Print the entries in full, word for word, but not the pictures.

Records excerpted from a collection:
= Beginning of Section =
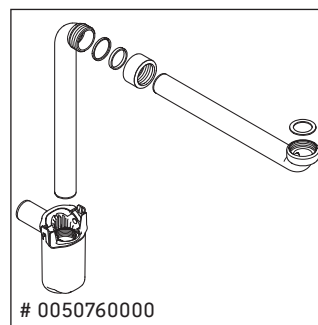

Ketho

KT 6430

Mounting instructions

Instructions for use

The bathroom furniture range complies with the standards and guidelines applicable at the time of delivery and is designed for use in bathrooms. Direct contact with water should be avoided, for example, when showering.

We reserve the right to make technical improvements and design modifications to the products illustrated.

Best.-Nr. KT6430/18.072
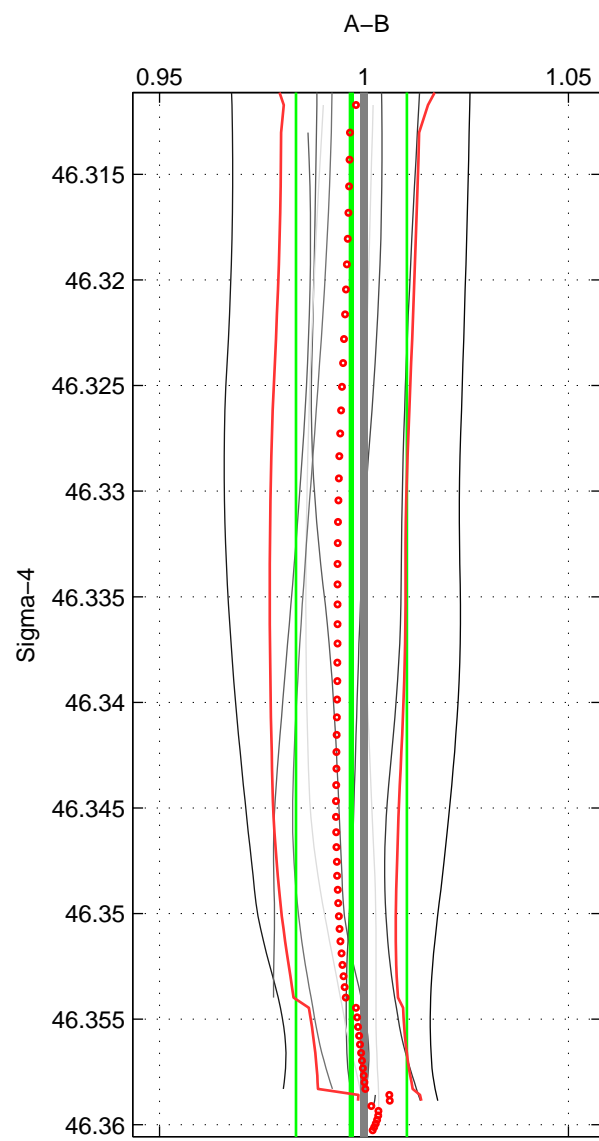

Cruise A (red). Date: May 2002 Cruisename: 51-32H120020505

Cruise B (blue). Date: Aug 2002 Cruisename: 52-32H120020718

*** "Favourite" values are means of spaces 1 2 3.

	Offset	O.StDev	Ratio	R.Stdev	Rating
SIGMA:	-0.045	0.191	0.997	0.014	2
THETA:	0.057	0.231	1.004	0.016	2
DEPTH:	-0.069	0.155	0.995	0.011	2
FAV. :	-0.019	0.193	0.999	0.014	2

Profiles of A: 3
 Profiles of B: 5
 Diff profs : 10
 WMoffset (A-B): -0.045141
 WMoffset stdev: 0.19136
 WMratio (A/B): 0.99691
 WMratio stdev: 0.013561

Quality (1-5): 2

Profiles of A: 3
 Profiles of B: 5
 Diff profs : 10
 WMoffset (A-B): 0.056554
 WMoffset stdev: 0.23115
 WMratio (A/B): 1.0041
 WMratio stdev: 0.016301

Quality (1-5): 2

Profiles of A: 3
 Profiles of B: 5
 Diff profs : 10
 WMoffset (A-B): -0.069272
 WMoffset stdev: 0.15521
 WMratio (A/B): 0.99525
 WMratio stdev: 0.010756

Quality (1-5): 2
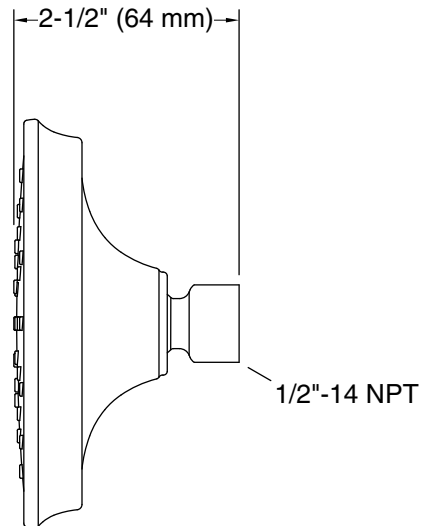

### Installation

- Wall-mount
- 1/2" -14 NPT connection
- Shower arm and flange sold separately

### Technical Information

All product dimensions are nominal.
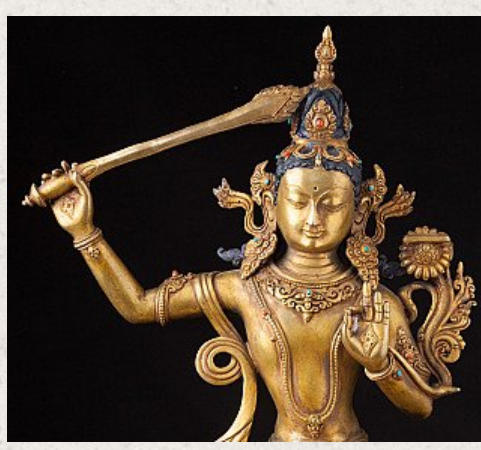

Nepali Manjushree statue

- Material : bronze
- 40,5 cm high
- 27 cm wide and 21,5 cm deep
- Fire gilded with 24 krt. gold
- Late 20th / early 21st century
- High quality !
- Originating from Birma
- Nr: 3156-6
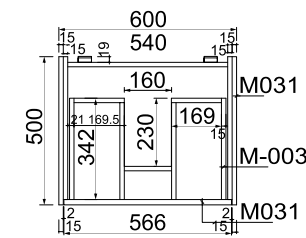

Range:
Rimini-600

Description:
Wall hung vanity with 1 drawer and solid surface basin
Dimensions: 590 x 495 x 450
Available in 600mm, 800mm, 1000mm, 1200mm, 1400mm and 1500mm

Vanity finishes:

Rain Forest

Potter's Clay

Specification

- Premium Soft Close runners
- Full extension drawer runners
- Thin Cultured marble basin, no tap hole configuration
- Requires 32 mm waste with overflow
- Smart inner drawer

Basin finishes:

Matt White

Solid Surface

Pop up waste colour options:

Solid surface

Included

Chrome

$149.00

Matt White

$149.00

Brushed Gun Metal

$149.00

Matt Black

$149.00

Brushed Brass (PVD)

$149.00

Brushed Nickel

$149.00

Price:

$ 2000.00
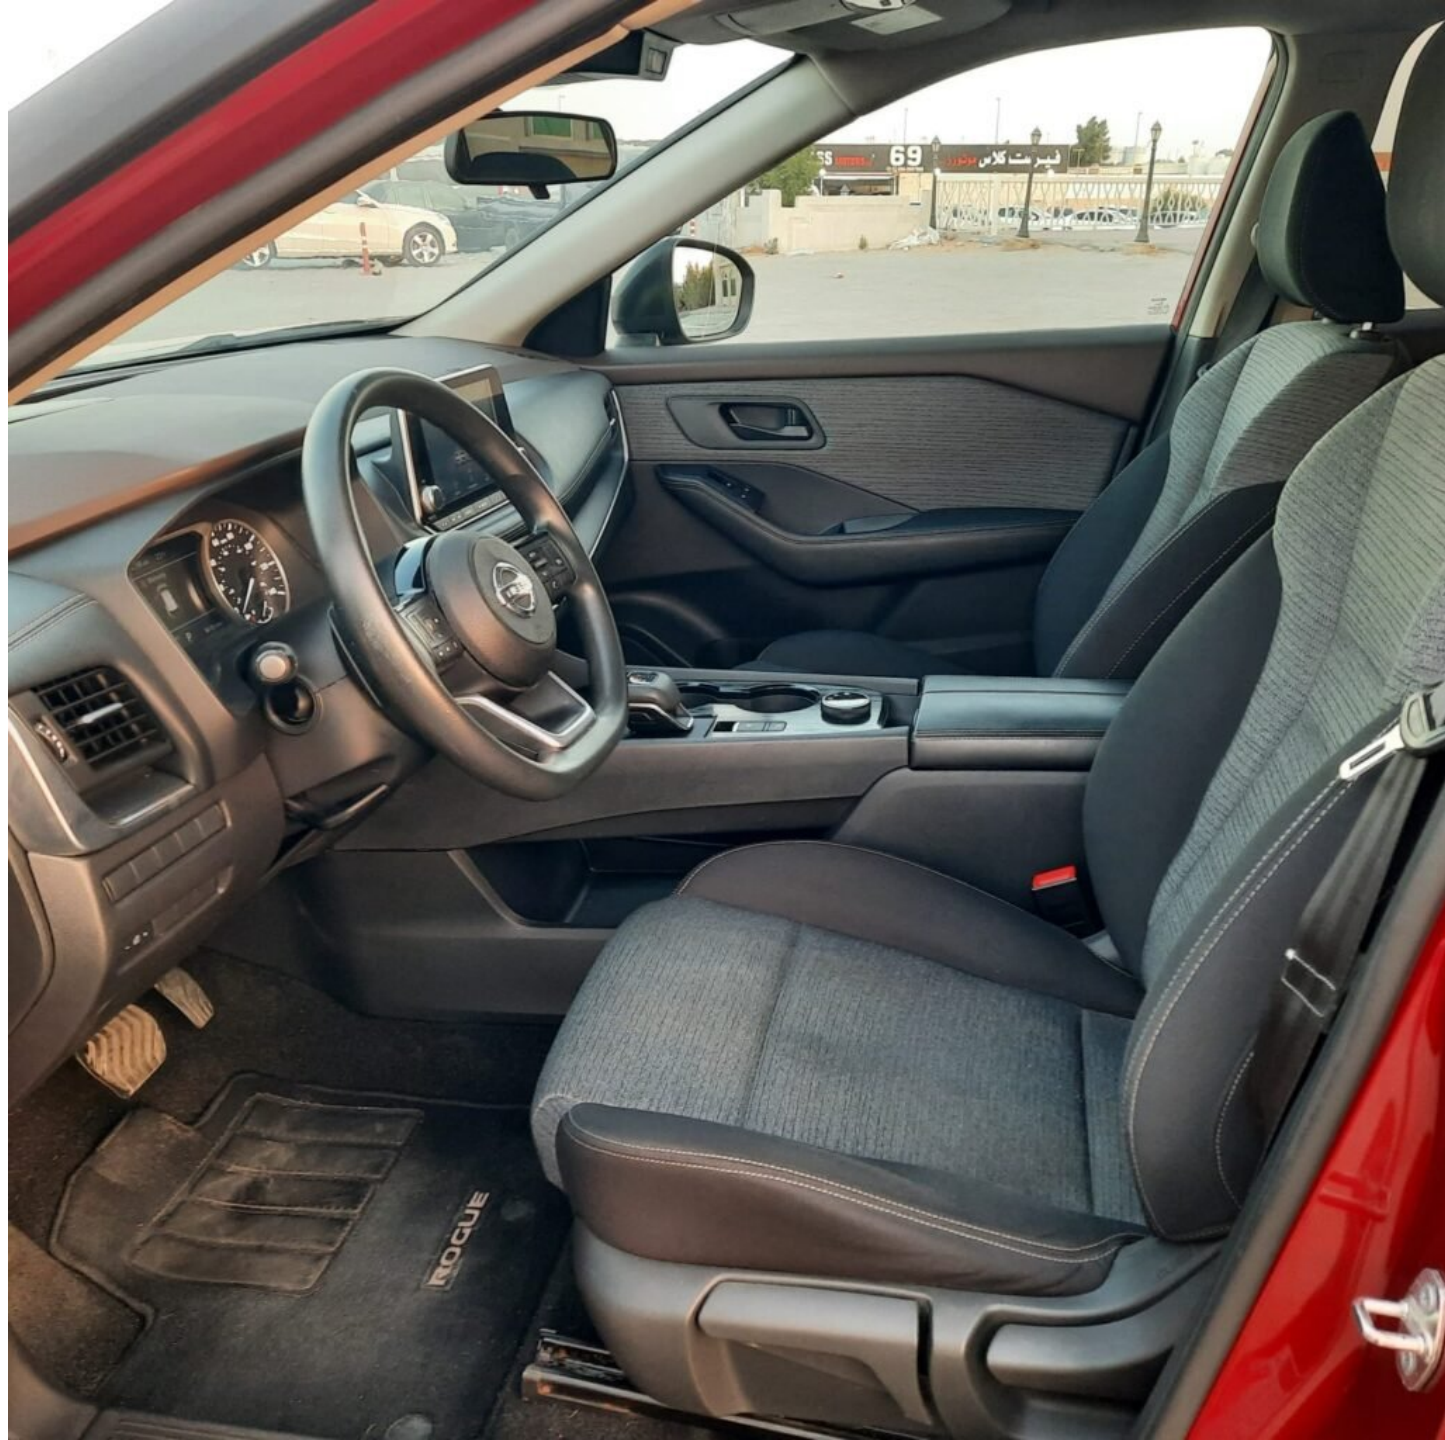

# **2021 NISSAN ROGUE**

ABS PARK BRAKE

12:59 AM 24°C

Fuel Economy  
Manual Reset1

Average 7.1 MPG

Press to Change, Hold to RESET

AUTO **D** 43 miles

41132 miles
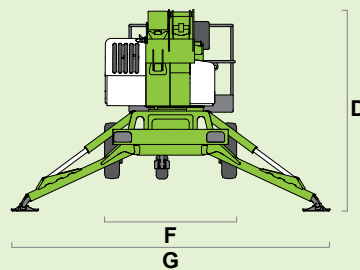

niftylift

210

(A) 21m
69ft

(B) 19m
62ft 6in

(C) 12m
39ft 6in

225kg
500lbs

1.4m x 0.7m
4ft 7in x 2ft 4in

100°

(D) 2.27m
7ft 5in

(F) 1.8m
5ft 11in

(G) 4.3m
14ft 1in

(J) 6.95m
22ft 10in

3495kg
7700lbs

niftylift.com.au

NIFTYLIFT PTY
11 Kennington Drive,
Tomago,
NSW 2322,
Australia
www.niftylift.com.au
e-mail: jking@niftylift.com.au
Tel.: +61 (0) 2 4964 9765
Fax: +61 (0) 2 4964 9714
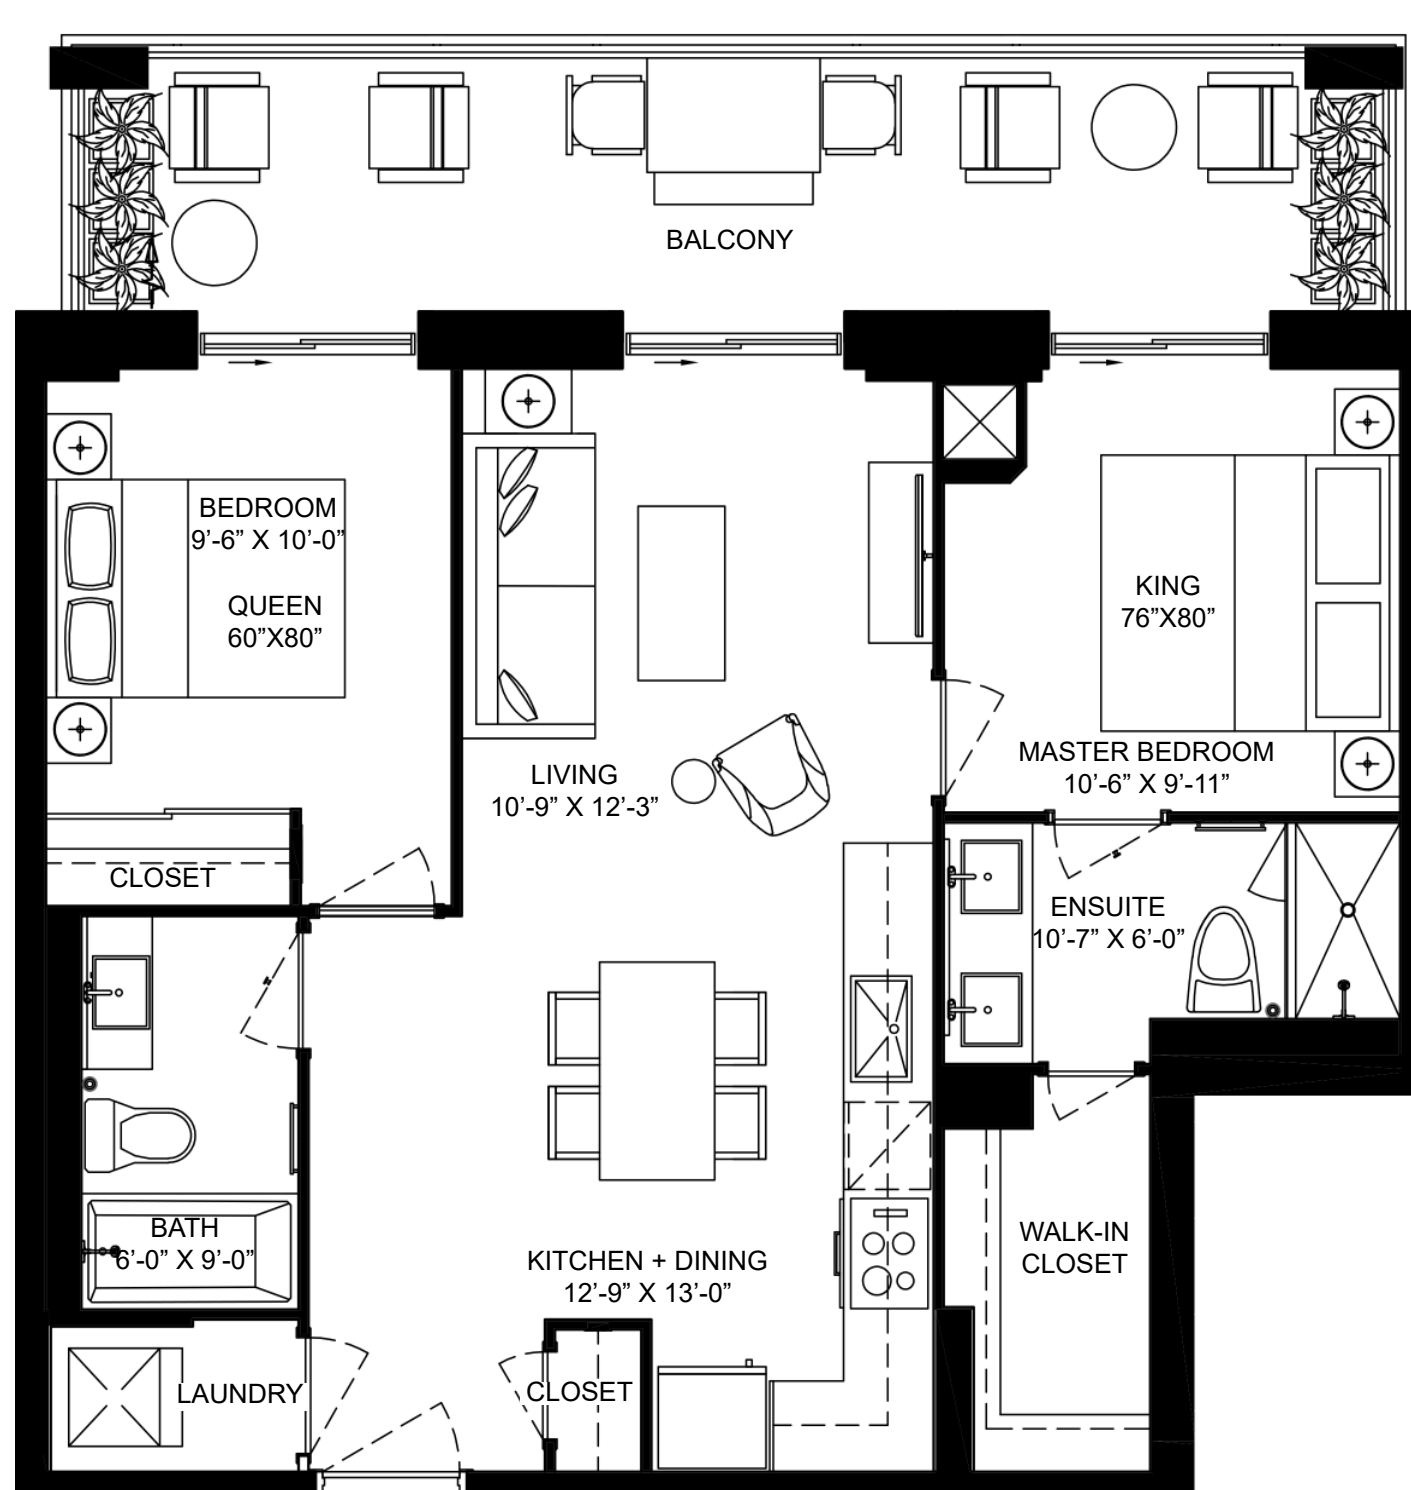

KINGSWAY VILLAGE SQUARE
ON PRINCE EDWARD

THE QUEEN CHARLOTTE

2 Bedroom + 2 Bath
Interior Floor Area
820 Sq. Ft *
Balcony L2-6

* This plan is not to scale and is subject to architectural review and revision, including without limitation, the Unit being constructed with a layout that is the reverse of that set out above. All details and dimensions, if any are approximate and subject to change without notice in order to comply with building site conditions and municipal, structural, Vendor and/or architectural requirements. Actual usable floor space may vary from any stated floor plan. Bulkheads are not shown on this plan and may be located in areas of the Unit as required to provide venting and mechanical systems. Materials, specifications, floor plans and dimensions are subject to change without notice. Balconies, Terraces and Patios if any are subject to change without notice. Window location, size and type may vary without notice.
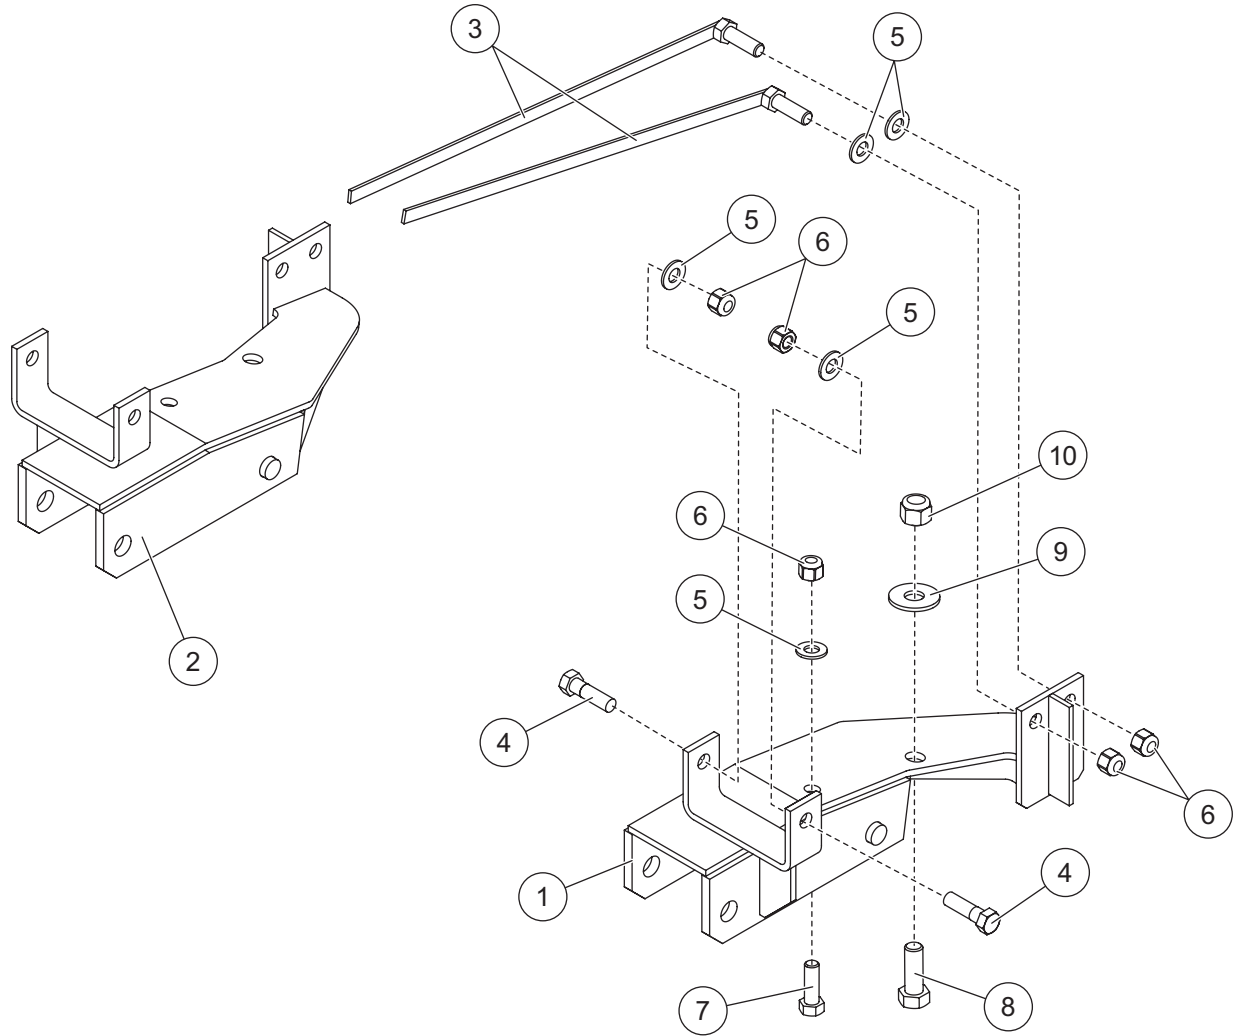

**PARTS LIST**

64500 Ford Mount Assembly 3239							
Item	Part	Qty	Description	Item	Part	Qty	Description
1	64236	1	Mount, DS	3		4	1/2-13 x 1-1/2 Hex Cap Screw G5 w/Handle
2	64237	1	Mount, PS	ns		1	Bolt Bag
40779 Bolt Bag							
4		4	1/2-13 x 1-3/4 Hex Cap Screw G5	8		2	5/8-11 x 1-3/4 Hex Cap Screw G5
5		10	1/2 Flat Washer Hardened	9		2	5/8 Flat Washer Hardened
6		10	1/2-13 Hex Locknut GB	10		2	5/8-11 Hex Locknut GB
7		2	1/2-13 x 1-1/2 Hex Cap Screw G5				
ns = not shown				G = Grade			

Service bolt bag might include additional fasteners.

Copyright © 2017 Douglas Dynamics, LLC. All rights reserved. This material may not be reproduced or copied, in whole or in part, in any printed, mechanical, electronic, film or other distribution and storage media, without the written consent of the company. Authorization to photocopy items for internal or personal use by the company's outlets or snowplow owner is granted.
= End of Section =
■ Response
Ketho

KT 6430

Mounting instructions

Instructions for use

The bathroom furniture range complies with the standards and guidelines applicable at the time of delivery and is designed for use in bathrooms. Direct contact with water should be avoided, for example, when showering.

We reserve the right to make technical improvements and design modifications to the products illustrated.

Best.-Nr. KT6430/18.072

Cruise A (red). Date: May 2002 Cruisename: 51-32H120020505

Cruise B (blue). Date: Aug 2002 Cruisename: 52-32H120020718

*** "Favourite" values are means of spaces 1 2 3.

	Offset	O.StDev	Ratio	R.Stdev	Rating
SIGMA:	-0.045	0.191	0.997	0.014	2
THETA:	0.057	0.231	1.004	0.016	2
DEPTH:	-0.069	0.155	0.995	0.011	2
FAV. :	-0.019	0.193	0.999	0.014	2

Profiles of A: 3
 Profiles of B: 5
 Diff profs : 10
 WMoffset (A-B): -0.045141
 WMoffset stdev: 0.19136
 WMratio (A/B): 0.99691
 WMratio stdev: 0.013561

Quality (1-5): 2

Profiles of A: 3
 Profiles of B: 5
 Diff profs : 10
 WMoffset (A-B): 0.056554
 WMoffset stdev: 0.23115
 WMratio (A/B): 1.0041
 WMratio stdev: 0.016301

Quality (1-5): 2

Profiles of A: 3
 Profiles of B: 5
 Diff profs : 10
 WMoffset (A-B): -0.069272
 WMoffset stdev: 0.15521
 WMratio (A/B): 0.99525
 WMratio stdev: 0.010756

Quality (1-5): 2

### Installation

- Wall-mount
- 1/2" -14 NPT connection
- Shower arm and flange sold separately

### Technical Information

All product dimensions are nominal.

Nepali Manjushree statue

- Material : bronze
- 40,5 cm high
- 27 cm wide and 21,5 cm deep
- Fire gilded with 24 krt. gold
- Late 20th / early 21st century
- High quality !
- Originating from Birma
- Nr: 3156-6

Range:
Rimini-600

Description:
Wall hung vanity with 1 drawer and solid surface basin
Dimensions: 590 x 495 x 450
Available in 600mm, 800mm, 1000mm, 1200mm, 1400mm and 1500mm

Vanity finishes:

Rain Forest

Potter's Clay

Specification

- Premium Soft Close runners
- Full extension drawer runners
- Thin Cultured marble basin, no tap hole configuration
- Requires 32 mm waste with overflow
- Smart inner drawer

Basin finishes:

Matt White

Solid Surface

Pop up waste colour options:

Solid surface

Included

Chrome

$149.00

Matt White

$149.00

Brushed Gun Metal

$149.00

Matt Black

$149.00

Brushed Brass (PVD)

$149.00

Brushed Nickel

$149.00

Price:

$ 2000.00

# **2021 NISSAN ROGUE**

ABS PARK BRAKE

12:59 AM 24°C

Fuel Economy  
Manual Reset1

Average 7.1 MPG

Press to Change, Hold to RESET

AUTO **D** 43 miles

41132 miles

niftylift

210

(A) 21m
69ft

(B) 19m
62ft 6in

(C) 12m
39ft 6in

225kg
500lbs

1.4m x 0.7m
4ft 7in x 2ft 4in

100°

(D) 2.27m
7ft 5in

(F) 1.8m
5ft 11in

(G) 4.3m
14ft 1in

(J) 6.95m
22ft 10in

3495kg
7700lbs

niftylift.com.au

NIFTYLIFT PTY
11 Kennington Drive,
Tomago,
NSW 2322,
Australia
www.niftylift.com.au
e-mail: jking@niftylift.com.au
Tel.: +61 (0) 2 4964 9765
Fax: +61 (0) 2 4964 9714

KINGSWAY VILLAGE SQUARE
ON PRINCE EDWARD

THE QUEEN CHARLOTTE

2 Bedroom + 2 Bath
Interior Floor Area
820 Sq. Ft *
Balcony L2-6

* This plan is not to scale and is subject to architectural review and revision, including without limitation, the Unit being constructed with a layout that is the reverse of that set out above. All details and dimensions, if any are approximate and subject to change without notice in order to comply with building site conditions and municipal, structural, Vendor and/or architectural requirements. Actual usable floor space may vary from any stated floor plan. Bulkheads are not shown on this plan and may be located in areas of the Unit as required to provide venting and mechanical systems. Materials, specifications, floor plans and dimensions are subject to change without notice. Balconies, Terraces and Patios if any are subject to change without notice. Window location, size and type may vary without notice.

**PARTS LIST**

64500 Ford Mount Assembly 3239							
Item	Part	Qty	Description	Item	Part	Qty	Description
1	64236	1	Mount, DS	3		4	1/2-13 x 1-1/2 Hex Cap Screw G5 w/Handle
2	64237	1	Mount, PS	ns		1	Bolt Bag
40779 Bolt Bag							
4		4	1/2-13 x 1-3/4 Hex Cap Screw G5	8		2	5/8-11 x 1-3/4 Hex Cap Screw G5
5		10	1/2 Flat Washer Hardened	9		2	5/8 Flat Washer Hardened
6		10	1/2-13 Hex Locknut GB	10		2	5/8-11 Hex Locknut GB
7		2	1/2-13 x 1-1/2 Hex Cap Screw G5				
ns = not shown				G = Grade			

Service bolt bag might include additional fasteners.

Copyright © 2017 Douglas Dynamics, LLC. All rights reserved. This material may not be reproduced or copied, in whole or in part, in any printed, mechanical, electronic, film or other distribution and storage media, without the written consent of the company. Authorization to photocopy items for internal or personal use by the company's outlets or snowplow owner is granted.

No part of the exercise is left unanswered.